Infrared Renormalons and Power Suppressed Effects in $e^+e^-$ Jet Events

TL;DR

The work investigates infrared renormalon–driven power-suppressed corrections to jet-shape observables in $e^+e^-$ annihilation using the large $n_f$ limit of QCD. It decomposes contributions into a factorized Sudakov piece and non-factorizable four-parton terms, analyzing cancellations of infrared divergences in dimensional regularization. The results show that different observables acquire leading $1/Q$ corrections in this limit (notably $\igl\langle 1-t\bigr\rangle$, oblateness, and EEC across angles), while others like thrust and the $c$-parameter may not at leading order; four-parton effects produce observable-dependent power coefficients and can break simple factorization. The authors propose a general conjecture that leading power corrections take the form $α_S^n(Q)/Q$, suggesting a classification of jet shapes by the index $n$ and highlighting the potential for subleading $n_f$ effects to generate $1/Q$ terms even in observables that are clean at leading order.

Abstract

We study the effect of infrared renormalons upon shape variables that are commonly used to determine the strong coupling constant in $e^+e^-$ annihilation into hadronic jets.
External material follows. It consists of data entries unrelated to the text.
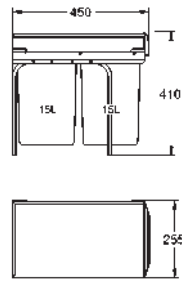

GROHE WASTE SEPARATION SYSTEMS

Ref. No.

Colour

EAN

40 855 000

4005176356452

GROHE Blue

Waste bin recycling separation system

installation type: floor mounted, behind swinging door

technique: full extension

operation: manual telescopic

separation: double, 2 x up to 15 l filling volume

cabinet width: 30 cm and wider

compatible with GROHE Blue Home and GROHE Red M and L size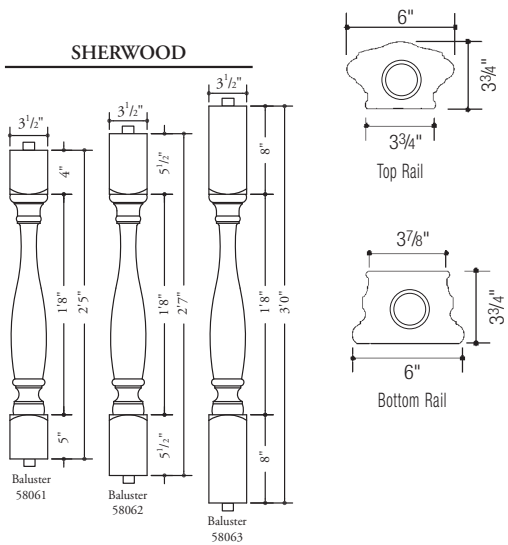

SKU	M	Maximum Spacing	O/C
58031	3/4"	2-1/4"	5-1/4"
58032	3/4"	2-1/4"	5-1/4"
58036	3/4"	2-1/4"	5-1/4"
58033	1"	2-1/8"	5-1/2"
58034	1"	2-1/8"	5-1/2"
58035	1"	2-1/8"	5-1/2"
58037	1"	2"	5-1/2"
58038	1"	2"	5-1/2"
58029	0"	4"	7"
58030	0"	4"	7"
58061	1-1/16"	1-3/4"	5-1/4"
58062	1-1/16"	1-3/4"	5-1/4"
58063	1-1/16"	1-3/4"	5-1/4"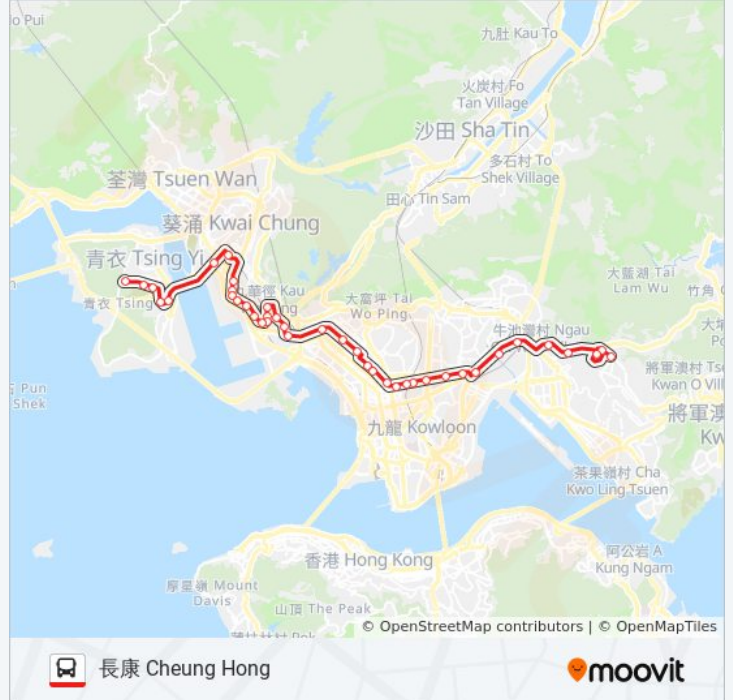

長沙灣徑 Cheung Sha Wan Path

美孚轉車站 Mei Foo Bbi

蘭秀道 Nassau Street

荔灣道 Lai Wan Road

九華徑 Kau Wa Keng

荔灣花園 Lai Chi Kok Bay Garden

清麗商場 Ching Lai Commercial Centre

清麗苑 Ching Lai Court

瑪嘉烈醫院 Princess Margaret Hospital

葵涌醫院 Kwai Chung Hospital

救世軍荔景院 the Salvation Army Lai King Yuen

荔景邨樂景樓 LOK King House Lai King Estate

荔景站 Lai King Station

荔景邨日景樓 Yat King House Lai King Estate

葵青劇院 Kwai Tsing Theatre

葵青交匯處 Kwai Tsing Interchange

長青邨青桃樓 Ching Tao House Cheung Ching Estate

美景花園 Mayfair Gardens

長青巴士總站 Cheung Ching Bus Terminus

青盛苑 Ching Shing Court

長康巴士總站 Cheung Hong B/T

方向: 順利 Shun Lee

45 站

[查看服務時間表](#)

長康巴士總站 Cheung Hong B/T

長康邨康順樓 Hong Shun House Cheung Hong Estate

青盛苑 Ching Shing Court

長青巴士總站 Cheung Ching Bus Terminus

長青邨青槐樓 Ching Wai House Cheung Ching Estate

長青邨青桃樓 Ching Tao House Cheung Ching Estate

巴士42的服務時間表

往順利 Shun Lee方向的時間表

星期日	00:10 - 23:45
星期一	00:10 - 23:45
星期二	00:10 - 23:50
星期三	00:10 - 23:50
星期四	00:10 - 23:45
星期五	00:10 - 23:50
星期六	00:10 - 23:45

巴士42的資訊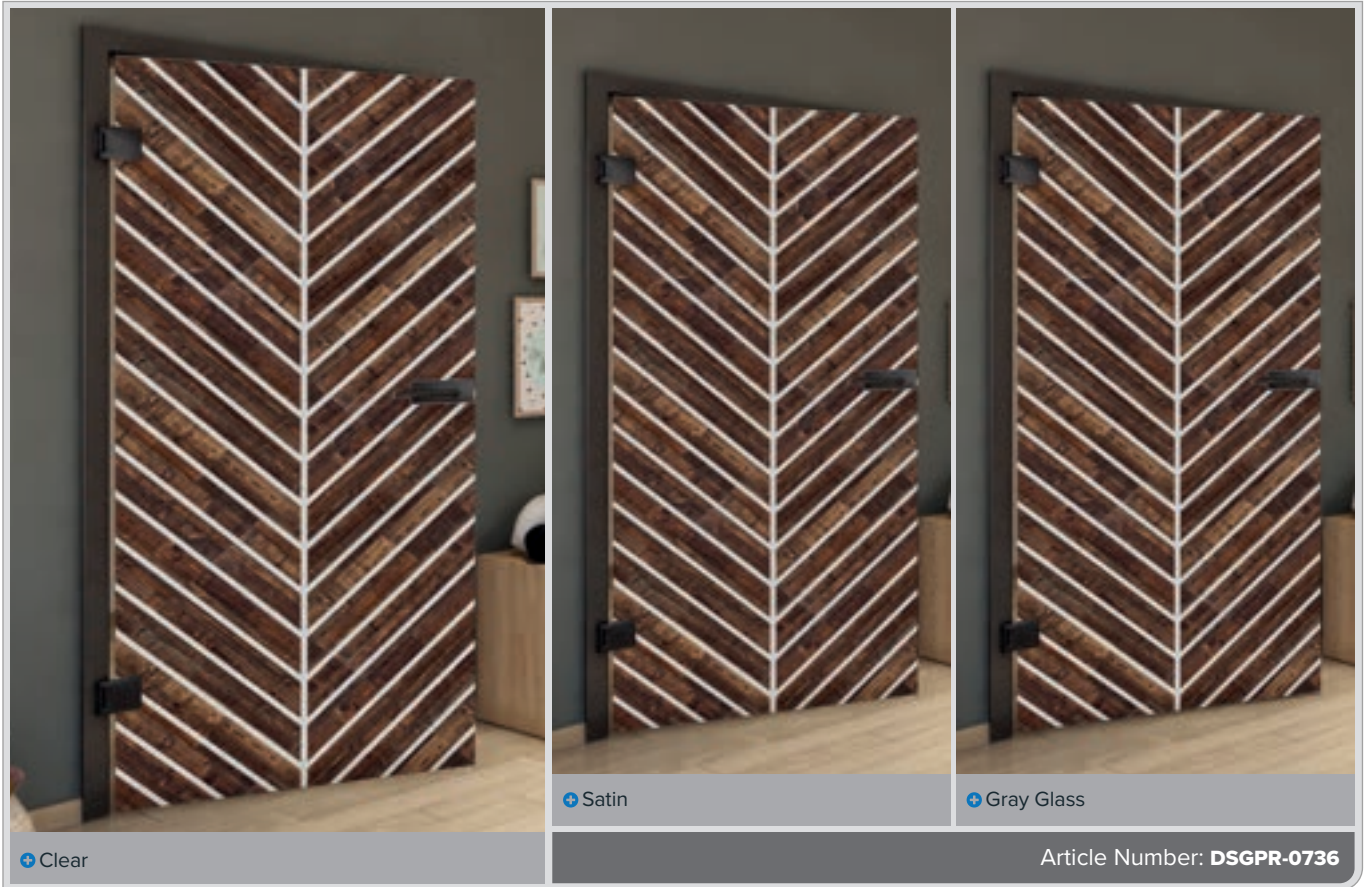

Antique Beech

Black

Ash White

Knotty Pine

Antique Wood

White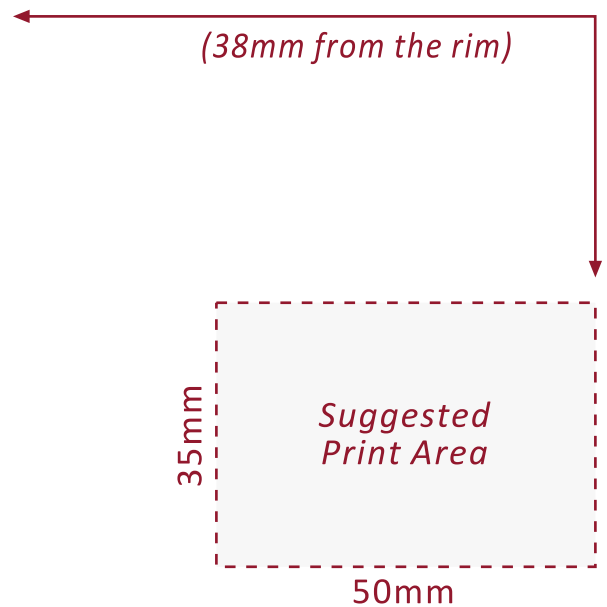

# Festival Glass

Printed glassware for all occasions

[www.festivalglass.co.uk](http://www.festivalglass.co.uk)

**BOHEMIAN CERVEZA**

**14oz**

*The above guide is for one sided print and is **subject to receipt of artwork.***

- Minimum Order Quantity: Single Colour = 384 pieces
- Front & Back Decoration available / Wrap design available
- Printed line options: 1/2 / 1/3rd Pint
- Pack Size: 6 pieces
- Pallet Quantity: Full Pallet = 1200 / Half Pallet = 576 / Quarter Pallet = 384 pieces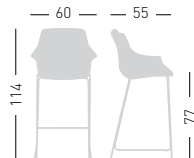

NA not assembled / non assemblato
1,24 m³ - 30,4 kg.
1x 64x59x86cm
4x 66x55x63cm
4 pcs [carton]

Frame Finishing & Codes / Finiture Telai e Codici

cod.171.--/IE76ST chromed/cromata
cod.171.--/IE76STB white/bianco
cod.171.--/IE76STN black/nero

cod.171.--/IK76ST chromed/cromata
cod.171.--/IK76STB white/bianco
cod.171.--/IK76STN black/nero

cod.171.--/IDK76ST chromed/cromata
cod.171.--/IDK76STB white/bianco
cod.171.--/IDK76STN black/nero

cod.171/ITC76ST chromed/cromata
cod.171/ITC76STB white/bianco
cod.171/ITC76STN black/nero

Fabric required
Fabbisogno di tessuto
1 pcs: Lin Mtrs 1,3 (h1,40)

Min. order 4pcs
each code
Ordine min 4pz
per codice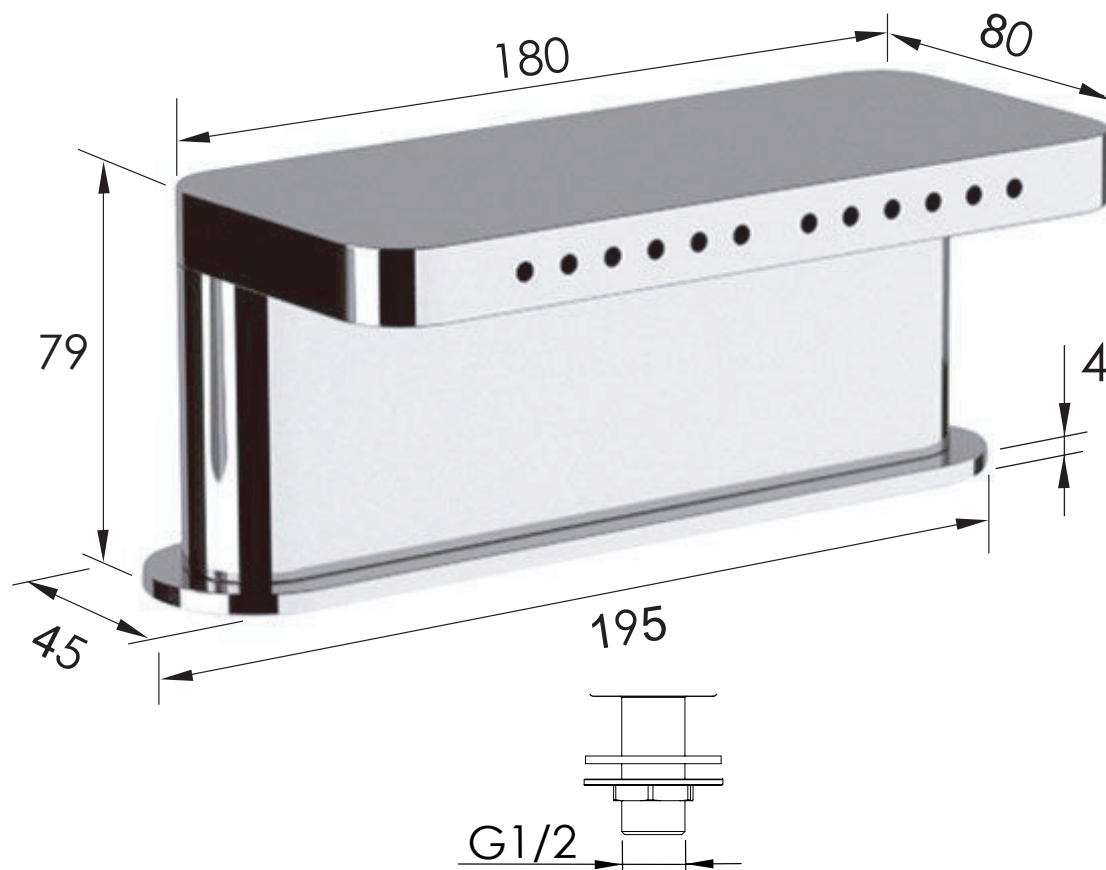

REMER

RUBINETTERIE

SCHEDA TECNICA

ART. COD.

TECHNICAL FEATURES

91NCF

MATERIALI / MATERIALS

OTTONE CROMATO / CHROME PLATED BRASS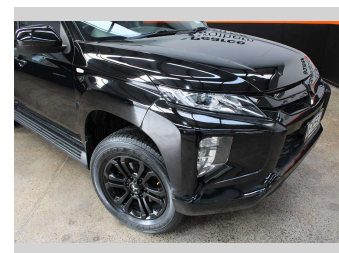

2021 Mitsubishi Triton GLXR, BLACKED OUT,

Purchase Price **\$27,990**
Includes GST, Registration & Licensing

Finance may be available on this vehicle. Ask one of our friendly staff for more information.

Body Style
4 door, Ute

Odometer
104,659 km

Engine
2442 cc, Internal Combustion

Fuel Type
Diesel

Transmission
Automatic

Wheels
-

VIN
MMAJLKK10MH005299

Interior
-

We consider the model of QCD in the limit of large $n_f$. We find a wide variety of different behaviours of shape variables with respect to power suppressed effects induced by infrared renormalons. In particular, we find that oblateness is affected by $1/Q$ non--perturbative effects even away from the two jet region, and the energy--energy correlation is affected by $1/Q$ non--perturbative effects for all values of the angle. On the contrary, variables like thrust, the $c$ parameter, the heavy jet mass, and others, do not develop any $1/Q$ correction away from the two jet region at the leading $n_f$ level. We argue that $1/Q$ corrections will eventually arise at subleading $n_f$ level, but that they could maintain an extra $\as(Q)$ suppression. We conjecture therefore that the leading power correction to shape variables will have in general the form $α^n_{\rm S}(Q)/Q$, and it may therefore be possible to classify shape variables according to the value of $n$.

Figures (3)

• Figure 1: Dominant diagrams for $e^+e^-$ into jets in the large $n_f$ limit.
• Figure 2: Labeling of external lines for three-- and four--parton processes.
• Figure 3: Oblateness in the collinear limit.